May 192004

Blog Blacklists: A New View of Internet Vigilantes

I always thought that spam blacklists were well intentioned but problematic for the email ecosystem, since they are vigilantes in action and have no accountability and trackability. Periodically, I’ve even pondered whether or not they violate someone’s first amendment rights. It’s maddening to know you’re a good guy in the email world, you can get put on a blacklist because some anti-spam zealot decides he or she doesn’t like you on a whim, you can’t complain or get off of the list, you may not even know you’re on the list, then you’re downloaded thousands of times by naively trusting or equally zealous sysadmins, and boom — your emails aren’t getting through any more.

Then yesterday, I was looking at what’s probably the first blacklist for blog comment spam, dubbed by Brad Feld as BLAM. I immediately found myself using it myself to prevent my blog from getting overrun by the newest Internet evil. (Of course, I should be so lucky…my fledgling blog has all of one comment on it, but I’m sure there are scores of people ready to comment at a moment’s notice.)

So here we are at the dawn of a new era: the beginning of the blacklist for blam.
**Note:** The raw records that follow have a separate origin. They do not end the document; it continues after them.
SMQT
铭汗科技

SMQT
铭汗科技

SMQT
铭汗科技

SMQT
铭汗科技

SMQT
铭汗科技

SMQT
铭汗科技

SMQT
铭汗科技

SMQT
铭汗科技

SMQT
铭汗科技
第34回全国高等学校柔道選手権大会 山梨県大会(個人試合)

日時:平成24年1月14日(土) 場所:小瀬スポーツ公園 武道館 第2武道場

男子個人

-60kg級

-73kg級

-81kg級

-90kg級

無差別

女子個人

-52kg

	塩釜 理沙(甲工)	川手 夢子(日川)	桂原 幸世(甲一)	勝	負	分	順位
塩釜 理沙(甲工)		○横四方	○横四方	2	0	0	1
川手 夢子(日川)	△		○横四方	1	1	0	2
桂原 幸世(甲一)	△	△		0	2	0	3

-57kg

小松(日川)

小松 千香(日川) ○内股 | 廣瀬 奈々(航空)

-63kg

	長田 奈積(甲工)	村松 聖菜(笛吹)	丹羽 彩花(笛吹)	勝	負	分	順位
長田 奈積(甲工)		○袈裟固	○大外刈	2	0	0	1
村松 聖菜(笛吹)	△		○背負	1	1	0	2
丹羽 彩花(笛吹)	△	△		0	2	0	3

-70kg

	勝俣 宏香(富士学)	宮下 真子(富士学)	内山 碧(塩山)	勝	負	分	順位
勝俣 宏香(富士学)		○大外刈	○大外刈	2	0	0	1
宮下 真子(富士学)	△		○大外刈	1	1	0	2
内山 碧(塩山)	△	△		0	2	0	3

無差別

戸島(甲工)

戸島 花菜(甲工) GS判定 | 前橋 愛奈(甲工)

I’m an early adopter of Jeff Nolan’s pioneering list and proud of it, which made me rethink my view of email blacklists for about five minutes. It didn’t ultimately change that view — email blacklists still have all the problems I mentioned above and have run amok — but it does make me hope that there’s a better long-term solution for stopping blam than the one the world of email has ended up with. Fred Wilson has some good thoughts on better tools for this as well.
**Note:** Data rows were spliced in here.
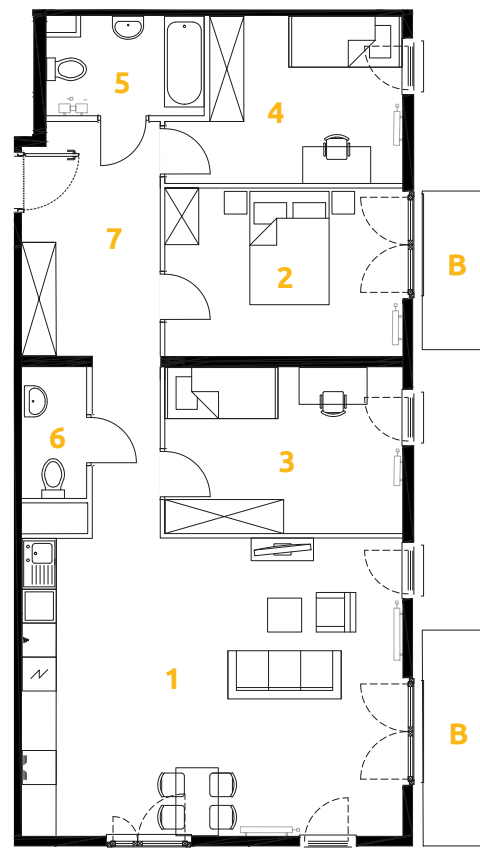

O₃
OSIEDLE
ETAP 8

Tu żyj. Tu mieszkaj.

1	POKÓJ + ANEKS KUCHENNY	35.19 m ²
2	POKÓJ	12.39 m ²
3	POKÓJ	12.29 m ²
4	POKÓJ	10.89 m ²
5	ŁAZIENKA	4.66 m ²
6	TOALETA	2.63 m ²
7	PRZEDPOKÓJ	13.74 m ²
B	BALKON	4.84 m ²
B	BALKON	3.59 m ²

4 POKOJE | 91.79m²

Budynek: 2

Piętro: 3

Mieszkanie: 26

Przedstawiona aranżacja lokalu jest przykładowa, rysunki w tym zakresie mają charakter poglądowy.

Biuro sprzedaży:
ul. Stefana Banacha 39/U1
31-235 Kraków

Necessity, as always, is the mother of invention, but hopefully the blam blacklist situation won’t get out of control before someone tries to fix it, which may be too late. What I think we need now to solve the blacklist problem is a blacklist of blacklists, but that’s another story for another posting.

Filed under: Email, Weblogs

6 Comments on “Blog Blacklists: A New View of Internet Vigilantes”

  • Take the First Step May 20th, 2004 8:03 am

    Follow the Money

    Matt Blumberg is worried about BLAM. I think that if he follows the money, then he’ll see that most blam is an attempt to garner PageRank. Remove the motivation and you’ll minimize the bad behavior.

    I haven’t experienced a blam problem here at Tak…

  • Stuart Watson May 21st, 2004 11:23 pm

    I would check out Expression Engine by Pmachine. They offer the CAPTCHA (images with random number/letters) images for both the comment section as well as registering. It a very flexible, robust solution.

  • gáborblog July 8th, 2004 6:31 am

    hibaoldalak anyagokat fogják és helyen

  • Kristy A Coghlan September 19th, 2004 11:47 am

    I was also put on a blacklist as a spammer, they at: spamhaus shut down my server, not just mine but my teams and blocked my emails from getting thru. I only used optin with opt-out and also nobody had even noticed that this must have been a broken autoresponder for regenerating like it did. I in all honesty did not and will not ever spam. They do not talk nice to you, they told me to be on my way and never spam again, I keep saying to them, I never did spam! It makes me so sad that to think honest people have to go thru this, but that is ok, someone greater is on our side and I can and will still do all things thru Christ who strengthens me! I have a awesome and honest business, it is booming! I ask that God Bless every honest person that has had this lie take place about being a spammer, stand tall and let go and let God! He wil bring good out of this! I promise!

  • Nice October 22nd, 2006 5:19 pm

    Nice look

    Nice

  • Emma November 5th, 2006 7:54 pm

    Smile

    Weird enough for government work.